Problem details: Count the lines holding the string "Temperaturbegrenzer" in the records, and give only the count.

(Items from a data source)
--------
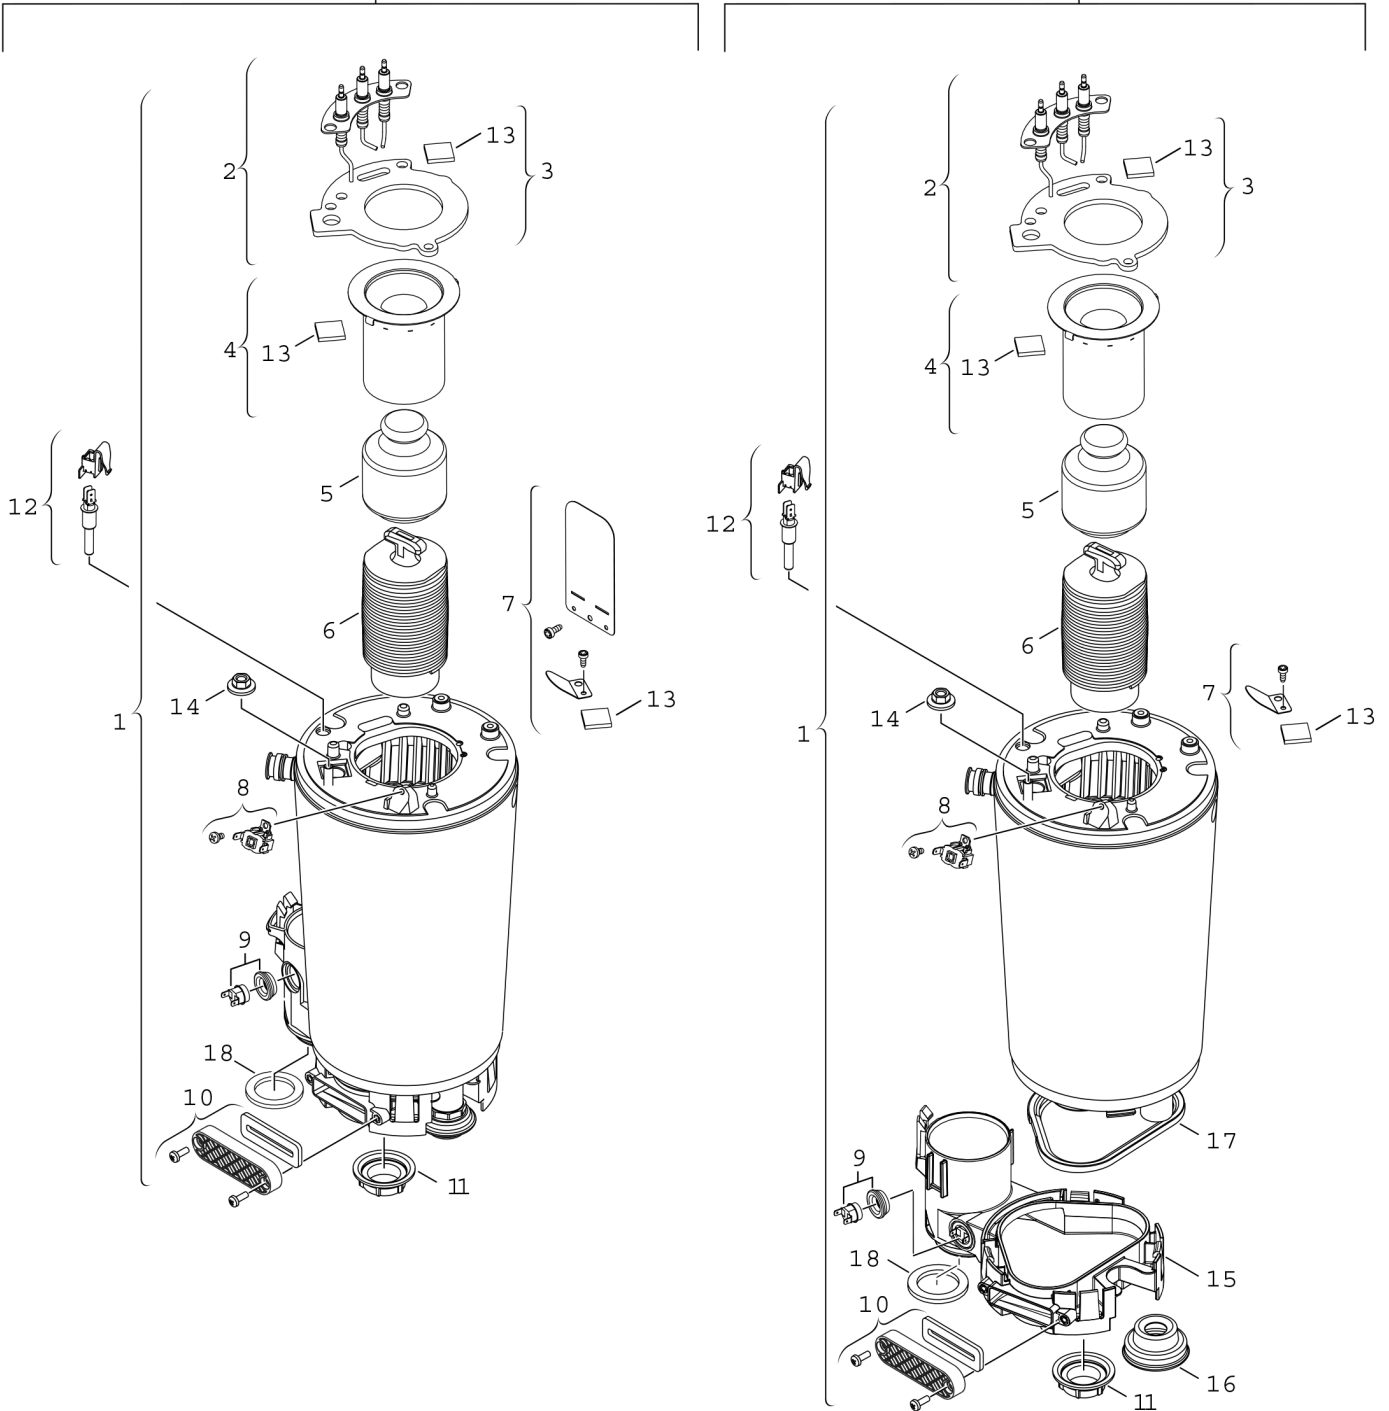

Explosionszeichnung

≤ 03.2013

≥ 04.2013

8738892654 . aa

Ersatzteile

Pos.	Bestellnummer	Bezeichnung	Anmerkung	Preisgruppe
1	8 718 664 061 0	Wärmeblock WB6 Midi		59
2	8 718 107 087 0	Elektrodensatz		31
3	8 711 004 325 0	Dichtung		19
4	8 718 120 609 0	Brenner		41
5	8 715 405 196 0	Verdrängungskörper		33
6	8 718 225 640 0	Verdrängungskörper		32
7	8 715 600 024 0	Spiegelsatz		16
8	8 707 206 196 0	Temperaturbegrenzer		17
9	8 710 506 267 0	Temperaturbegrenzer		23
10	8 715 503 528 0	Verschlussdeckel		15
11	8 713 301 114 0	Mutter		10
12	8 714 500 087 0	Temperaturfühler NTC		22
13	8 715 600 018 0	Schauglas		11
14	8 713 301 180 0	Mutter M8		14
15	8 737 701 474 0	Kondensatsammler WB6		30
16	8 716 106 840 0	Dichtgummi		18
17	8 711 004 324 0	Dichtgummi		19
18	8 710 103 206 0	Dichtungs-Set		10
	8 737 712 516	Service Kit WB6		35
--------
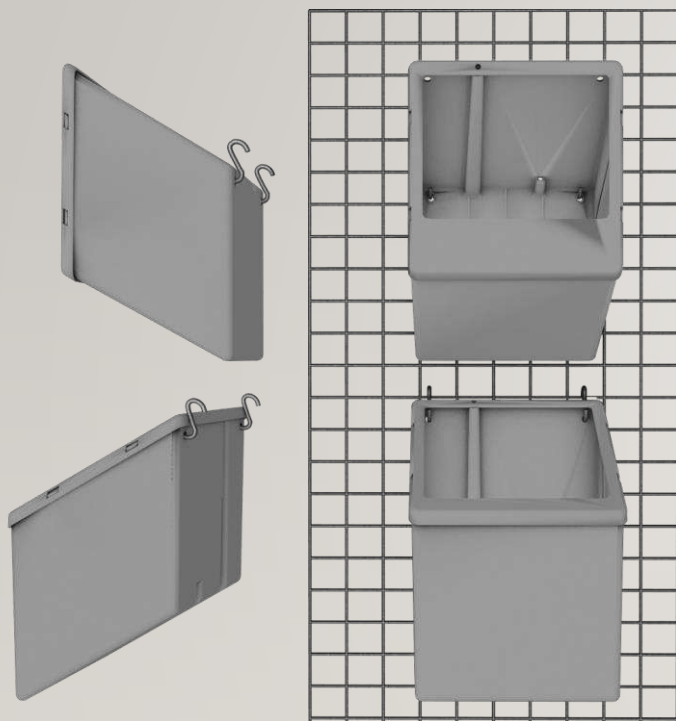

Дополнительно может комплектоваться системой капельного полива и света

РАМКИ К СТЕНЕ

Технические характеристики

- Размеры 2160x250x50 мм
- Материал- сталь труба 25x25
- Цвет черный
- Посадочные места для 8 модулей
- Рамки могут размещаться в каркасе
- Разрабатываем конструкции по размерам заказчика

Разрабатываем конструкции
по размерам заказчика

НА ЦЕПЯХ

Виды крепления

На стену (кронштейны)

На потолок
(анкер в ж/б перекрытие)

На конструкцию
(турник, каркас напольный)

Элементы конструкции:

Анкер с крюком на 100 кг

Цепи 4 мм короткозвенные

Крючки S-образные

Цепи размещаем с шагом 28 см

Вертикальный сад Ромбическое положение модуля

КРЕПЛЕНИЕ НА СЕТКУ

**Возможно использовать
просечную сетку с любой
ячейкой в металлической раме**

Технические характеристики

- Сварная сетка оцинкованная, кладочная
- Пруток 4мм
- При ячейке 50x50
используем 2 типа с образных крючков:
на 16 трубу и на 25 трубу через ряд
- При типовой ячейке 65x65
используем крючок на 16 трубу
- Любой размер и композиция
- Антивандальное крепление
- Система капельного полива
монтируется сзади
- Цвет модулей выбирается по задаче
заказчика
--------
Problem solution: 2